When you rebase a branch on master, all the changes on your branch are reapplied to the most recent version of master. In other words, Git tries to pretend that the changes you made to the old version of master were instead made to the new version of master. During this process, you should expect to encounter at least one "rebase conflict." This happens when Git's attempt to reapply the changes fails because your changes conflict with other changes that have been made. You can tell that this happened because you'll see lines in the output that look like:
CONFLICT (content): Merge conflict in file.go
When you open these files, you'll see sections of the form
<<<<<<< HEAD Original code ======= Your code >>>>>>> 8fbf656... Commit fixes 12345
This represents the lines in the file that Git could not figure out how to rebase. The section between
<<<<<<< HEAD and
======= has the code from master, while the other side has your version of the code. You'll need to decide how to deal with the conflict. You may want to keep your changes, keep the changes on master, or combine the two.

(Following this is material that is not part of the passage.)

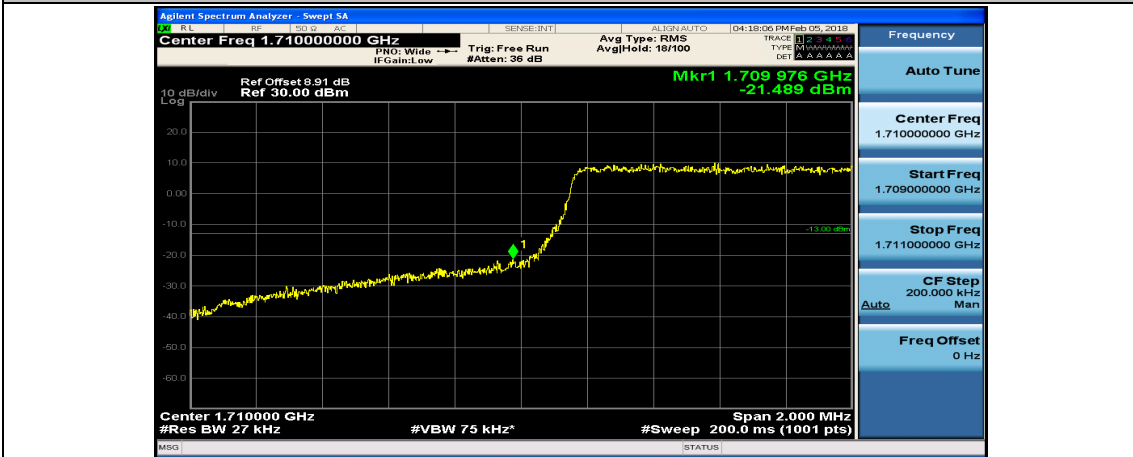

(Channel Bandwidth: 1.4 MHz)_LCH_16QAM_3RB#0

(Channel Bandwidth: 1.4 MHz)_LCH_16QAM_3RB#2

(Channel Bandwidth: 1.4 MHz)_LCH_16QAM_3RB#3

(Channel Bandwidth: 1.4 MHz)_LCH_16QAM_6RB#0

(Channel Bandwidth: 1.4 MHz)_HCH_16QAM_1RB#0

Generally, resolving the conflict consists of two steps: First, fix the particular conflict. Edit the file to make the changes you want and remove the
>>>>>>> lines in the process. Second, check the surrounding code. If there was a conflict, it's likely there are some logical errors lying around too!
Once you're all done fixing the conflicts, you need to stage the files that had conflicts in them via git add. Afterwards, run
git rebase --continue to let Git know that you've resolved the conflicts and it should finish the rebase.

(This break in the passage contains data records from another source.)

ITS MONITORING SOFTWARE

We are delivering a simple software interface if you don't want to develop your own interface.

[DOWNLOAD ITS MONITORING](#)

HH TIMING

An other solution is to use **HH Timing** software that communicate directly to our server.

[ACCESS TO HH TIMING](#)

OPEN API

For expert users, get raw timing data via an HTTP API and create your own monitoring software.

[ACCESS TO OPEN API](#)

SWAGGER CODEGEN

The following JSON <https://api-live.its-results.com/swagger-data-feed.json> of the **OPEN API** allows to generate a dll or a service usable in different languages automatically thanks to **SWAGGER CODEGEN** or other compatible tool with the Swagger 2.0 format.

Once the rebase has succeeded, you'll want to update the associated branch on your fork with
git push --force-with-lease.
If your branch contains multiple consecutive rewrites of the same code, or if the rebase conflicts are extremely severe, you can use
git rebase --interactive master to gain more control over the process. This allows you to choose to skip commits, edit the commits that you do not skip, change the order in which they are applied, or "squash" them into each other.
Alternatively, you can sacrifice the commit history like this:
# squash all the changes into one commit so you only have to worry about conflicts once git rebase -i $(git merge-base master HEAD) # and squash all changes along the way git rebase master # fix all merge conflicts git rebase --continue
Squashing commits into each other causes them to be merged into a single commit. Both the upside and downside of this is that it simplifies the history. On the one hand, you lose track of the steps in which changes were made, but the history becomes easier to work with.
You also may want to squash together just the last few commits, possibly because they only represent "fixups" and not real changes. For example,
git rebase --interactive HEAD~2 allows you to edit the two commits only.